PDF(Pubmed)
Abstract:
Deafness-causing deficiencies in otoferlin (OTOF) have been addressed preclinically using dual adeno-associated virus (AAV)-based approaches. However, timing of transduction, recombination of mRNA, and protein expression with dual hybrid AAV methods methods have not previously been characterized. Here, we have established an ex vivo assay to determine the kinetics of dual-AAV mediated expression of OTOF in hair cells of the mouse utricle. We utilized two different recombinant vectors that comprise DB-OTO, one containing the 5\' portion of OTOF under the control of the hair cell-specific Myo15 promoter, and the other the 3\' portion of OTOF. We explored specificity of the Myo15 promoter in hair cells of the mouse utricle, established dose response characteristics of DB-OTO ex vivo in an OTOF-deficient mouse model, and demonstrated tolerability of AAV1 in utricular hair cells. Furthermore, we established deviations from a one-to-one ratio of 5\' to 3\' vectors with little impact on recombined OTOF. Finally, we established a plateau in quantity of recombined OTOF mRNA and protein expression by 14 to 21 days ex vivo with comparable recovery timing to that in vivo model.

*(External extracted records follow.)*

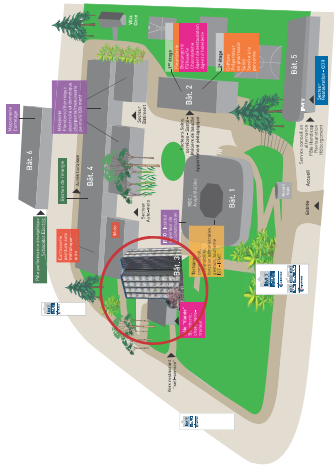

[RESTAURATION]

La restauration comprend :
1 self, 1 cafétéria, 1 espace bar pour les petits déjeuners et cafés.
 Ouverture également pour les internes en soirée.

Hébergement de l'IMT
 10 rue Aimé-Pupin
 38029 Grenoble Cedex 2
 04 76 28 26 63
 06 71 54 45 67
hebergement.pupin@grenoble.cci.fr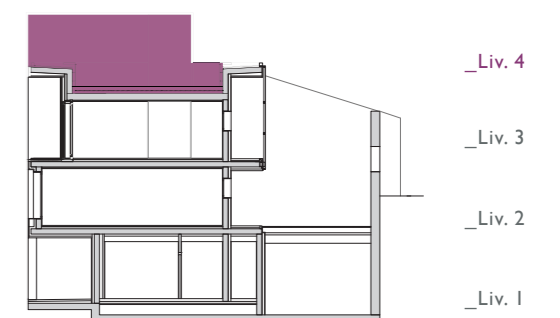

PLANIMETRIA GENERALE

PLANIMETRIA

SEZIONE

APPARTAMENTO 21
LIVELLO 03

SUP. COMM. APPARTAMENTO	
APPARTAMENTO (muri inclusi)	150 mq
TERRAZZO COPERTO	22 mq
PIANO TERRAZZO	115 mq
TOTALE	287 mq

Lotto 11

PLANIMETRIA GENERALE

PLANIMETRIA

SEZIONE

GIARDINO PENSILE
LIVELLO

21
04

SUP. COMM. APPARTAMENTO

APPARTAMENTO (muri inclusi) 150 mq
TERRAZZO COPERTO 22 mq
PIANO TERRAZZO 115 mq

TOTALE 287 mq
Lotto 11

0 1 2 4m

These findings demonstrate the utility of an ex vivo model system for exploring expression kinetics and establish in vivo and ex vivo recovery timing of dual AAV-mediated OTOF expression.
摘要:
已使用基于双重腺相关病毒(AAV)的方法在临床前解决了耳聋引起的耳聋缺陷(OTOF)。然而,转导的时机,mRNA的重组,和用双杂交AAV方法的蛋白质表达方法以前没有被表征。这里,我们已经建立了一种离体测定法来确定双AAV介导的OTOF在小鼠胞囊毛细胞中表达的动力学。我们利用了两种不同的重组载体,它们包含DB-OTO,一个包含在毛细胞特异性Myo15启动子控制下的OTOF的5'部分,另一个是OTOF的3'部分。我们探索了Myo15启动子在小鼠胞囊毛细胞中的特异性,在OTOF缺陷小鼠模型中建立的DB-OTO离体剂量反应特征,并证明了腺毛细胞中AAV1的耐受性。此外,我们确定了与5'至3'向量的一对一比率的偏差,对重组OTOF的影响很小。最后,我们在体外14至21天建立了重组OTOFmRNA和蛋白质表达量的平台,恢复时间与体内模型相当。这些发现证明了离体模型系统用于探索表达动力学并建立双重AAV介导的OTOF表达的体内和离体恢复时机的实用性。